__To do__.
Retype the records below from their first line through the line holding "- MicroZone™ adjustment", including both ends and no pictures.

__Information given__.
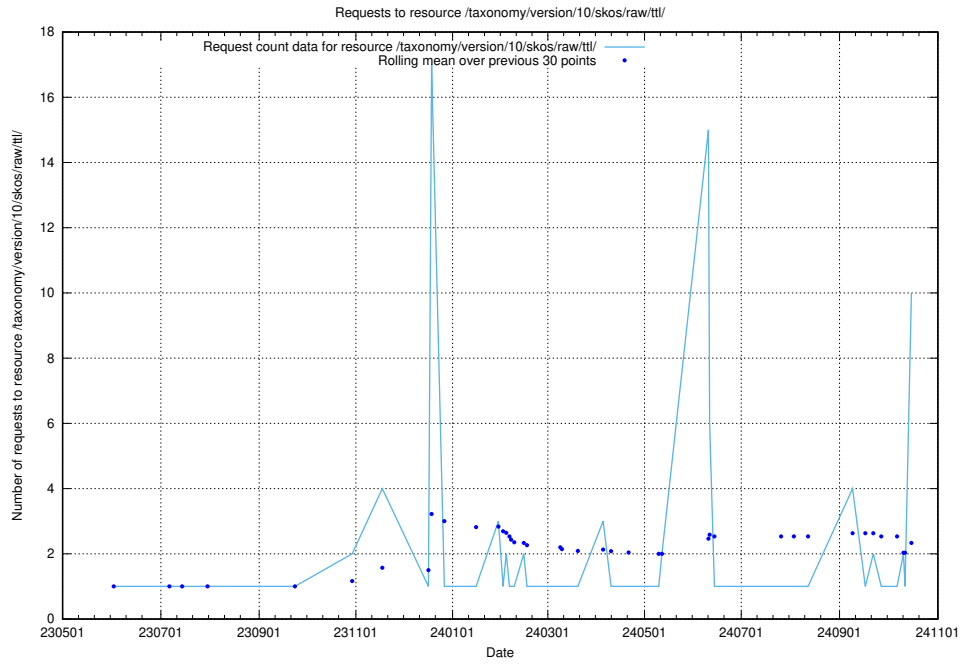

5.21 Usage of /taxonomy/version/10/skos/raw/ttl/

Here, we count the number of requests to resource /taxonomy/version/10/skos/raw/ttl/.
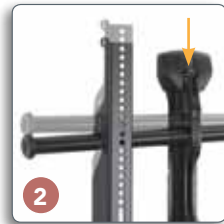

PROJECTOR MOUNTS

RPA Elite™

- RapidFire™ dual disconnect system for fast installation and lamp/filter access
- MicroZone™ adjustment for fast and precise projector registration
- Q-Lock™ integrated security
- Custom and universal interface options

FUSION SERIES MOUNTS

DISCOVER THE 4 C'S OF MOUNTING

- 1** **CENTERLESS™ LATERAL SHIFT**
Get up to 16" of post-installation lateral shift - 8" left/right of uprights.
- 2** **CONTROLZONE™ HEIGHT & ROLL ADJUSTMENT**
Fine-tune height and leveling after the mount is installed by inserting an Allen key into the ports located at the top of the uprights.
- 3** **CENTRIS™ LOW-PROFILE TILT**
Provides effortless tilting by using the center of gravity to balance the screen - no tools necessary!
- 4** **CLICKCONNECT™ TOOL-LESS LATCHING**
Hear an audible click when the screen safely engages with the mount. Use the built-in cable stand to gain easy access under the screen.
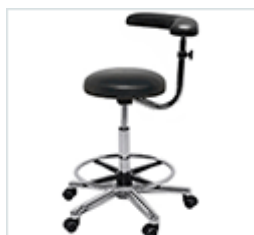

General Seats

operator stool-black base

HAN9200 £95

operator stool with foot rest-black base

HAN9210 £115

operator stool

HAN9250 £110

operator stool with foot rest

HAN9230 £130

operator stool with torso arm

HAN9270 £190

operator stool with torso arm & foot rest

HAN9280 £210

operator chair

HAN9240 £130

operator chair with foot rest
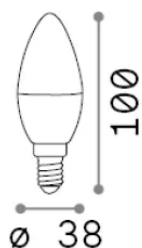

Info sorgente e prestazionali

Potenza	6 W
Emissione	Diffuse
Consumo massimo	max 6 W
CCT LED	4000 K
Durata LED (t. 25°C)	25000 h
CRI	> 80
Fascio luminoso	-
Flusso utile	560 lm
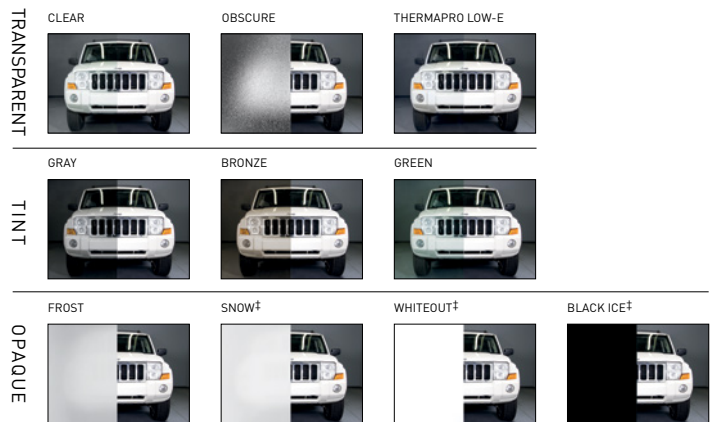

Glass

Glass is tempered and available as single pane or insulated.

[†]Laminated, not tempered. Insulated glass not available.

ENTRE/MATIC

Entrematic
165 Carriage Court
Winston-Salem, NC 27105
800.503.DOOR
www.amarr.com

YOUR LOCAL AMARR DEALER:

JDT Garage Door Service
602-703-9582
info@jdtgaragedoor.com
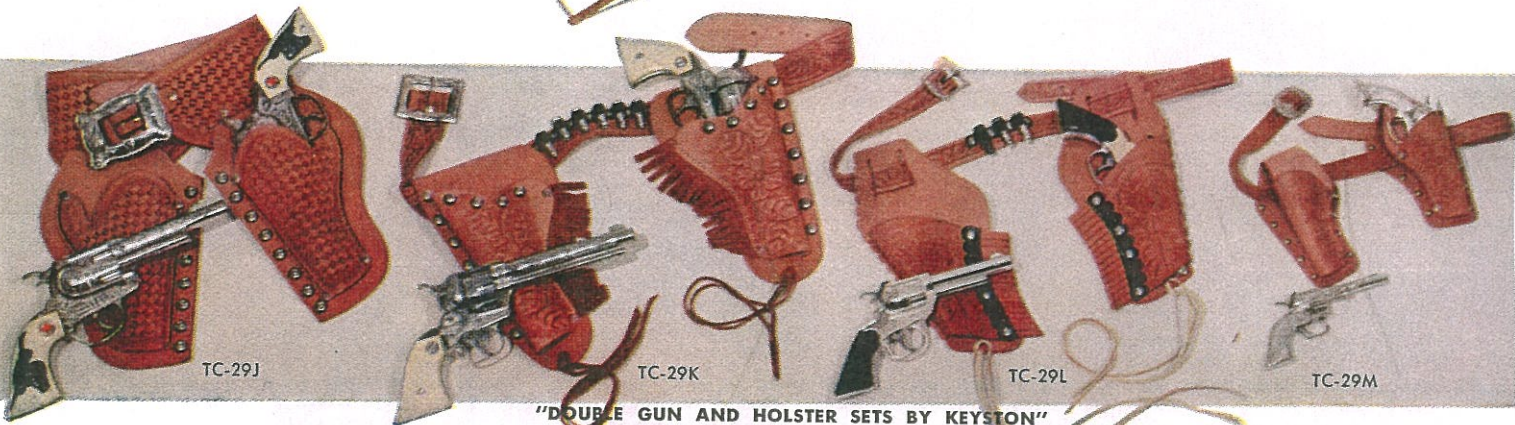

TC-29J

TC-29K

TC-29L

TC-29M

"DOUBLE GUN AND HOLSTER SETS BY KEYSTON"

T29-J—BASKET WEAVE HOLSTER SET (6-12 years). Authentically Western raised design makes this top grain saddle leather holster set a prized gift. Two 50-shot repeater guns. **4.98**

T29-K—DELUXE HOLSTER SET (6-12 years). Richly embossed top grain California saddle leather set has leather fringe and rawhide leg ties. Twin Stallion .38 "fanning" guns; 6 nickel bullets. **7.98**

T29-L—FRINGED HOLSTER SET (3-7 years). Rawhide leg ties hold securely for a quick draw. Top grain russet saddle leather. Two pony repeating guns; 3 nickel bullets, Western buckle. **2.98**

T29-M—MINIATURE HOLSTER SET (1-2½ years). Twin Pal guns in embossed russet California top grain saddle leather. The set comes gift-boxed to delight pint-sized deputy sheriffs. **1.98**
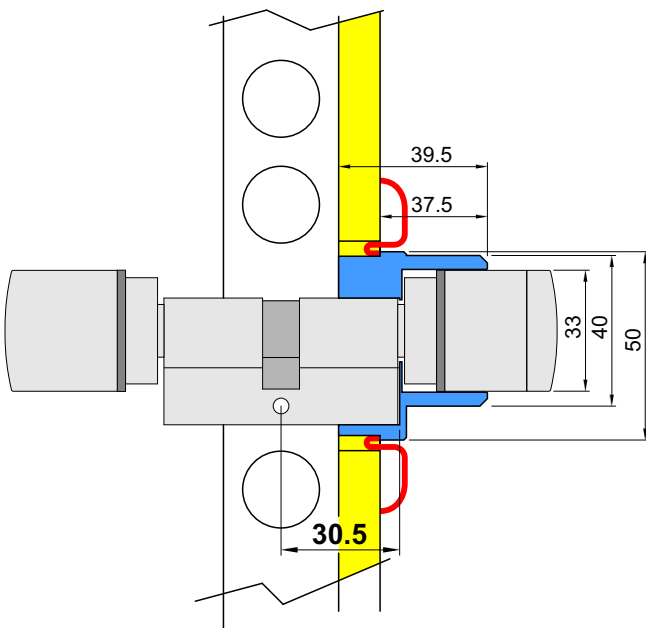

FINITURE / FINISHES

- ② Inox PVD gold color
- Ⓜ Inox satin
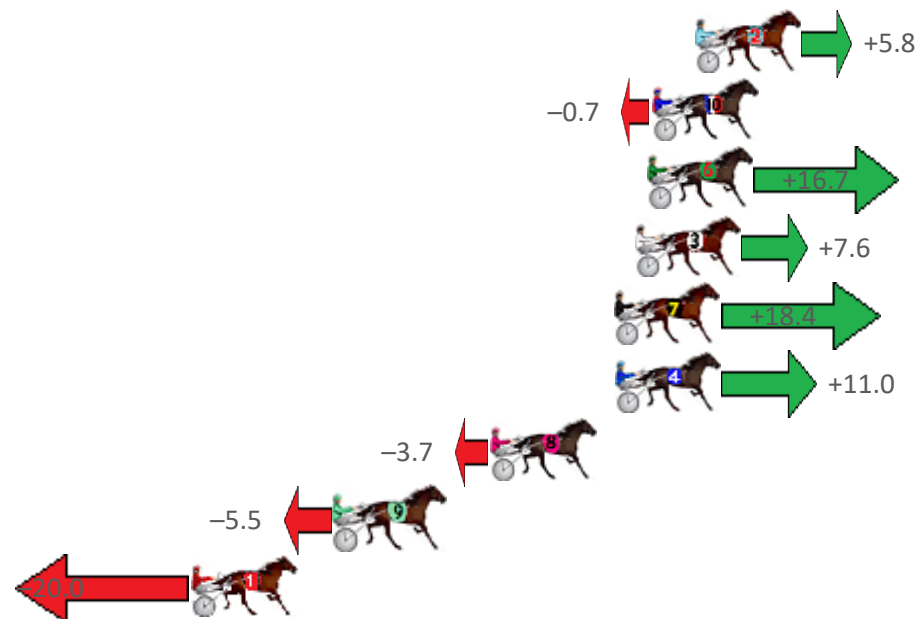

Albion Park Race 8 Distance 1660m

Tuesday, 1 February 2022

Gross Time: 1:58.90 MileRate: 1:55.20 LeadTime: 3.50s First Qtr: 28.70s Second Qtr: 29.40s Third Qtr: 28.00s Fourth Qtr: 29.30s

No Horse	Plc	Margin	Time	800Time (W)	400 Time (W)
2 ROLL ONE OVER	1	0.0m	1:58.90	56.89s (1)	28.98s (1)
10 HARPS	2	1.7m	1:59.03	57.35s (1)	29.42s (1)
6 DIKERRY	3	1.9m	1:59.05	56.11s (1)	28.26s (2)
3 OHOKA JIMMY	4	2.4m	1:59.08	56.76s (1)	28.86s (1)
7 LETTERKENNY BOY	5	3.2m	1:59.15	55.99s (2)	28.82s (2)
4 REGULUS	6	3.2m	1:59.15	56.52s (1)	28.63s (1)
8 OUR BALOU	7	8.1m	1:59.52	57.56s (0)	29.48s (0)
9 BLUE MOON RISING	8	14.3m	1:60.00	57.69s (0)	29.63s (0)
1 COREY WILLIAM	9	20.0m	2:00.44	58.72s (0)	30.65s (0)

Finish Position and metres gained from 800m

Sectionals
Powered
by

Home of Australian Harness Sectionals

PJ Harness Analyser

Daily Raw Data directly to your inbox

All Victorian Racing added as of 17 January 2022

www.pjdata.com.au admin@pjdata.com.au www.facebook.com/PJHarnessRacing

The Racing Queensland Board (trading as Racing Queensland) and provider are not responsible for the completeness or accuracy of any of the information contained herein, and makes no representations about its suitability for any purpose.

__Task response__.
5.21 Usage of /taxonomy/version/10/skos/raw/ttl/

Here, we count the number of requests to resource /taxonomy/version/10/skos/raw/ttl/.

PROJECTOR MOUNTS

RPA Elite™

- RapidFire™ dual disconnect system for fast installation and lamp/filter access
- MicroZone™ adjustment for fast and precise projector registration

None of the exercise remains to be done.